TASK PROMPT:
For the data below, restate word for word only the lines from the line containing "Side Crash Front seat ★ ★ ★ ★ ★" through the line containing "Manufacturer's suggested retail price includes", both ends included.

------------------------------------------------------------------------

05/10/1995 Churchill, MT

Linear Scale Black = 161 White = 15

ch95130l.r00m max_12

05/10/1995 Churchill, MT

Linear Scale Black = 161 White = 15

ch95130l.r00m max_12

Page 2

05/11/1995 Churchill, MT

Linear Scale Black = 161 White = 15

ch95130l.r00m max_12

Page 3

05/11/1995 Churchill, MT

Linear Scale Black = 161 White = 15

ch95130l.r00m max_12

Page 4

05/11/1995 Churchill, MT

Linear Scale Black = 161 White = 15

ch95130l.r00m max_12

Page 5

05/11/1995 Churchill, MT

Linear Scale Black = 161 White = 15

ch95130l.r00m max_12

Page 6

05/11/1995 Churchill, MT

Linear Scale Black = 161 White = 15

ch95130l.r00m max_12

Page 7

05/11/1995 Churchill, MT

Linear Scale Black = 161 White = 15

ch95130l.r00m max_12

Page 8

------------------------------------------------------------------------

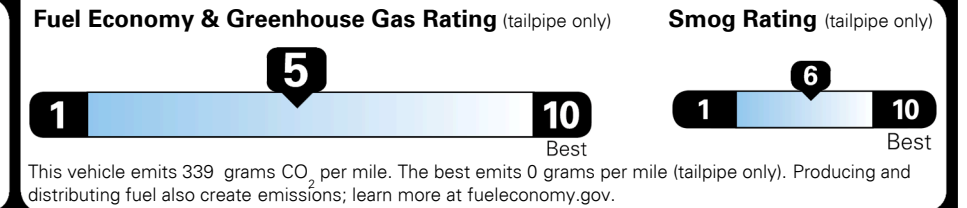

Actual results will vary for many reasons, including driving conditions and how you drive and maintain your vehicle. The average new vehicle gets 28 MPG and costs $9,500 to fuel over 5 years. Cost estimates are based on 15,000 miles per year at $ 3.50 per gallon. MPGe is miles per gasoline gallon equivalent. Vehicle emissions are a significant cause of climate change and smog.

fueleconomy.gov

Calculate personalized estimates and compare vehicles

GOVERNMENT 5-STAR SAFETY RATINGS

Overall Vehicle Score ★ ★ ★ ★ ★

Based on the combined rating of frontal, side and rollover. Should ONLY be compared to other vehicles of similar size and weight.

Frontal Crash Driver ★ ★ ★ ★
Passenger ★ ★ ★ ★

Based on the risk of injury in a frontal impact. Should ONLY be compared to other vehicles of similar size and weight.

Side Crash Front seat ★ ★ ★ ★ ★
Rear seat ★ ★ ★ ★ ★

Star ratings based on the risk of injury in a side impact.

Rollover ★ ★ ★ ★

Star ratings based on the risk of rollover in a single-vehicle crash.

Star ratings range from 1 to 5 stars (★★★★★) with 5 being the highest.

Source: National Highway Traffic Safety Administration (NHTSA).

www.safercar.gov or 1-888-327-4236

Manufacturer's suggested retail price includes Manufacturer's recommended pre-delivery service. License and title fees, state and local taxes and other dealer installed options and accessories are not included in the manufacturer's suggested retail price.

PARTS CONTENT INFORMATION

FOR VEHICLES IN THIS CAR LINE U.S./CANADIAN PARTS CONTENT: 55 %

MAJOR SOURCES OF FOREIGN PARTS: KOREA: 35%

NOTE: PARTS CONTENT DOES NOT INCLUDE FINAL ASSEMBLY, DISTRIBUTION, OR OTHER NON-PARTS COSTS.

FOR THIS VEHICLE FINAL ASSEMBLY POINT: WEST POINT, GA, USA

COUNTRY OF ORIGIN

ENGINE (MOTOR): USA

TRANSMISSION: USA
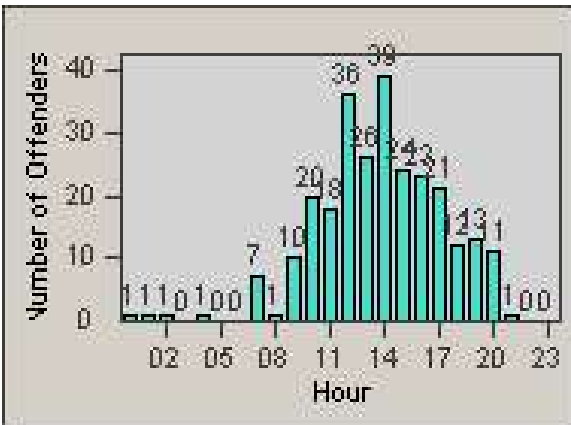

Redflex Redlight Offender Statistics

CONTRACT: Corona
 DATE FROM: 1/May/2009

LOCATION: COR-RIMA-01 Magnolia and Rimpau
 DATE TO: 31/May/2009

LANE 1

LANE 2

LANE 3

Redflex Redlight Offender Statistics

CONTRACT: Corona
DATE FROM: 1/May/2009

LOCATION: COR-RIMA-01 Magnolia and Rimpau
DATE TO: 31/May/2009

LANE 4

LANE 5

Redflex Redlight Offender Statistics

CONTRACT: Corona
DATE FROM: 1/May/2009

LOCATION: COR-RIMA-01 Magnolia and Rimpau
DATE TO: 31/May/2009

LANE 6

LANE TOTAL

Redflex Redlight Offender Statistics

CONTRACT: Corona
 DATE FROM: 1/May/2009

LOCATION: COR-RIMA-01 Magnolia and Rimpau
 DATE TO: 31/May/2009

------------------------------------------------------------------------

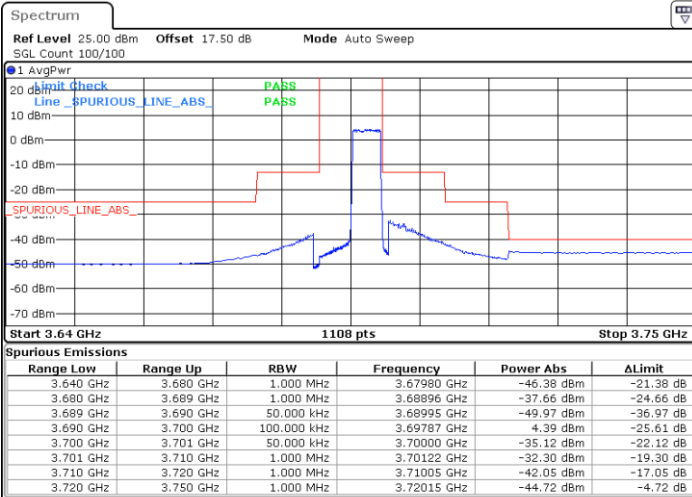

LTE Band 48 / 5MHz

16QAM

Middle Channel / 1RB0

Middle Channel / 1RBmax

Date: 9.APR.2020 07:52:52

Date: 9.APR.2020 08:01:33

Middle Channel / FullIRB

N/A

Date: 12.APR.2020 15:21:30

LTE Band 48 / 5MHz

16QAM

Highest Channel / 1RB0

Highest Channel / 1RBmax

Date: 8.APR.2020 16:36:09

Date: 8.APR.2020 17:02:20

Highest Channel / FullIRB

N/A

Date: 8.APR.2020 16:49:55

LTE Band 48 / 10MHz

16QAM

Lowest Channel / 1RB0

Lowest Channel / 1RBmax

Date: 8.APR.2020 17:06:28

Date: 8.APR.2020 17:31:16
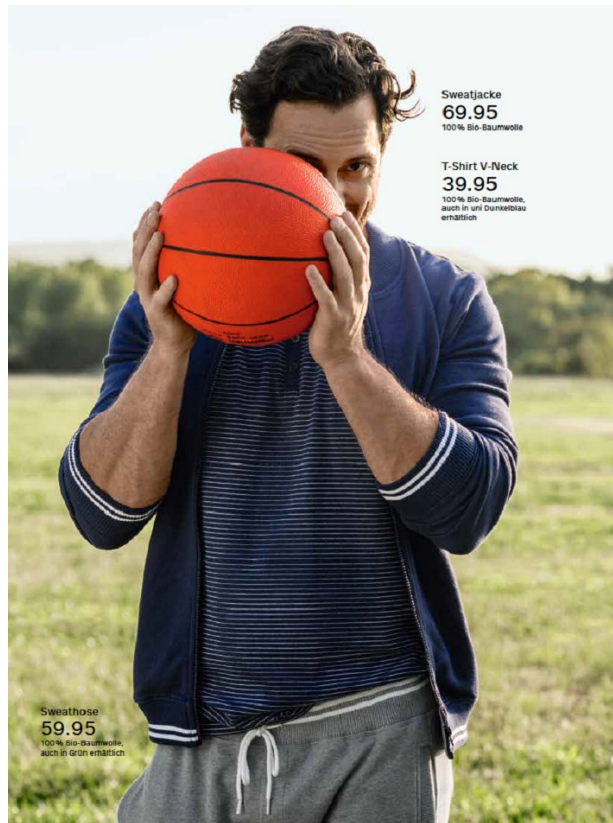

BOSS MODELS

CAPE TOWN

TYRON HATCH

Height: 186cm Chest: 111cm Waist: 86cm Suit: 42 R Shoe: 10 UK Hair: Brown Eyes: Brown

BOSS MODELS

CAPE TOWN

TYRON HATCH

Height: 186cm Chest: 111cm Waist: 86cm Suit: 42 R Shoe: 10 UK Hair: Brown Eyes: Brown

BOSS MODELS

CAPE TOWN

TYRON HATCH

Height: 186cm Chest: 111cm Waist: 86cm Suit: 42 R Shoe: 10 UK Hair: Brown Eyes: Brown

------------------------------------------------------------------------

FINAL ANSWER:
Side Crash Front seat ★ ★ ★ ★ ★
Rear seat ★ ★ ★ ★ ★

Star ratings based on the risk of injury in a side impact.

Rollover ★ ★ ★ ★

Star ratings based on the risk of rollover in a single-vehicle crash.

Star ratings range from 1 to 5 stars (★★★★★) with 5 being the highest.

Source: National Highway Traffic Safety Administration (NHTSA).

www.safercar.gov or 1-888-327-4236

Manufacturer's suggested retail price includes Manufacturer's recommended pre-delivery service. License and title fees, state and local taxes and other dealer installed options and accessories are not included in the manufacturer's suggested retail price.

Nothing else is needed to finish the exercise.